=== Data for this exercise ===
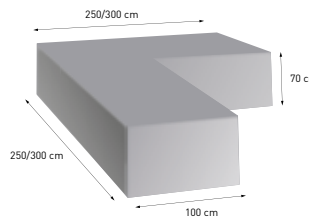

08576
POLYESTER COVER for corner
lounge group (D100)
H:70 W:250 L:250

08577
POLYESTER COVER for corner
lounge group (D100)
H:70 W:300 L:300

MAINTENANCE
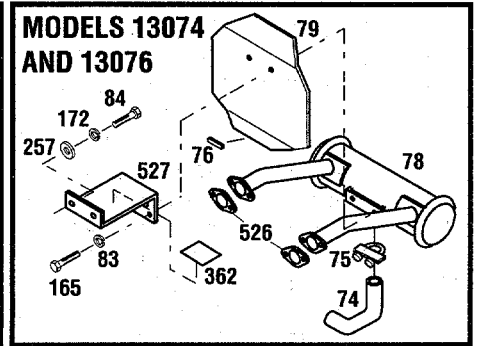

GTX Garden Tractor

130740100101 - 130740199999
130760100101 - 130760199999
131010100101 - 131010199999

ENGINE ASSEMBLY

Models 13074, 13076 and 13101

=== Activity ===
The result should be an exact repetition of all the records. Drop the pictures.

=== Reply to the exercise ===
08576
POLYESTER COVER for corner
lounge group (D100)
H:70 W:250 L:250

08577
POLYESTER COVER for corner
lounge group (D100)
H:70 W:300 L:300

MAINTENANCE

GTX Garden Tractor

130740100101 - 130740199999
130760100101 - 130760199999
131010100101 - 131010199999

ENGINE ASSEMBLY

Models 13074, 13076 and 13101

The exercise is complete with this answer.